Bei einem leichten Sonnenbrand oder einer kleinen Prellung ist ein Arztbesuch meist nicht nötig. Viele greifen bei solchen Beschwerden gern auf Schüßler-Salze zurück. Auch wenn die Wirksamkeit der Salze wissenschaftlich nicht nachgewiesen ist, hat die Behandlung mit Mineralsalzen viele Anhänger. So sollen sie zum Beispiel die Selbstheilungskräfte des Körpers anregen und bei regelmäßiger Einnahme sogar zur Gesundheitspflege und Krankheitsvorsorge beitragen. 

Bereits 1873 veröffentlichte der homöopathische Arzt Wilhelm Heinrich Schüßler seine Lehre mit der „Biochemischen Heilweise“ als Therapieform. Er ging davon aus, dass Krankheiten im Allgemeinen durch Störungen des Mineralhaushalts der Körperzellen entstehen, die durch homöopathisch dosierte (potenzierte) Mineralsalze geheilt werden können. Insgesamt gibt es zwölf Basissalze, die sogenannten Schüßler-Salze, sowie 15 Ergänzungssalze bei der Mineralsalztherapie. 

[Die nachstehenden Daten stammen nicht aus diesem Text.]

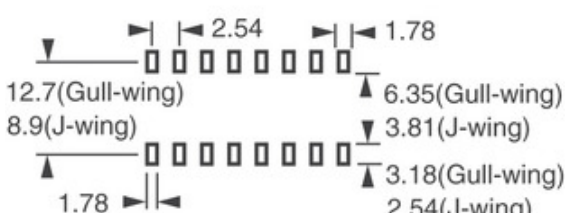

BEIÐNI UM TILVITNUN

Mynd getur verið fulltrúi. Sjá upplýsingar um upplýsingar um vörur.

Upplýsingar um 90HBW07T

HLUTANÚMER	90HBW07T
FRAMLEIÐANDI	Grayhill, Inc.
LÝSING	SWITCH SLIDE DIP SPST 25MA 24V
LEIDA FRJÁLS STAÐA / ROHS STAÐA	Leiða frjáls / RoHS samhæft
GÖGN	 90HBW07T.pdf
ÞVOTTUR	No
SPENNA EINKUNN	24VDC
UPPSAGNARSTÍLL	Gull Wing
RÖÐ	90HB
PITCH	0.100" (2.54mm), Full
PÖKKUN	Tube
VINNUHITASTIG	-40°C ~ 85°C
FJÖLDI STAÐA	7
UPPSETNINGARTEGUND	Surface Mount
VÖKTUNARNÆMISSTIG (MSL)	3 (168 Hours)
VÉLRÆN LÍF	2,000 Cycles
FRAMLEIÐANDI STAÐALL LEIÐSLUTÍMI	12 Weeks
LENGD	0.770" (19.56mm)
LEIDA FRJÁLS STAÐA / ROHS STAÐA	Lead free / RoHS Compliant
HÆÐ YFIR BORD	0.190" (4.83mm)
LÖGUN	-
RAFMAGNSLÍF	2,000 Cycles
NÁKVÆM LÝSING	Dip Switch SPST 7 Position Surface Mount Slide (Standard) Actuator 25mA 24VDC
NÚVERANDI EINKUNN	25mA
SNERTINGAREFNI	Copper Alloy
HAFA SAMBAND LJÚKA	Gold
HRINGRÁS	SPST
LÍKAMS EFNI	Thermoplastic
VIRKJUNARGERÐ	Slide (Standard)
STÝRIKERFI	Flush, Recessed

Schüßler-Salze: So werden sie eingesetzt

Schüßler-Salze: Das sind ihre Anwendungsgebiete | © iStock | BrankoPhoto

Die Antlitzdiagnose 

Doch welches Salz für welche Beschwerden? Dr. Schüßler verwendete die Antlitzanalyse als Diagnose-Verfahren, das rund 50 Jahre später von Kurt Hickethier erweitert wurde. Dabei wurde davon ausgegangen, dass ein Mangel an biochemischen Mineralstoffen an Gesichtsmerkmalen wie Farbe, Falten, Reinheit und Feuchtigkeit festgestellt werden kann. So sollen zum Beispiel Würfelfalten um die Augen und Schuppen im Gesicht Anzeichen eines Calcium fluoratum-Mangels sein – das erste Schüßler-Salz käme hier zum Einsatz. Ein Mangel an Ferrum phosphoricum (Schüßler-Salz Nr. 3) soll dunkle Verfärbungen der inneren Augenwinkel nach sich ziehen. Von einer Selbsteinschätzung wird abgeraten – lieber begibt man sich für diese Diagnose zu einem Heilpraktiker.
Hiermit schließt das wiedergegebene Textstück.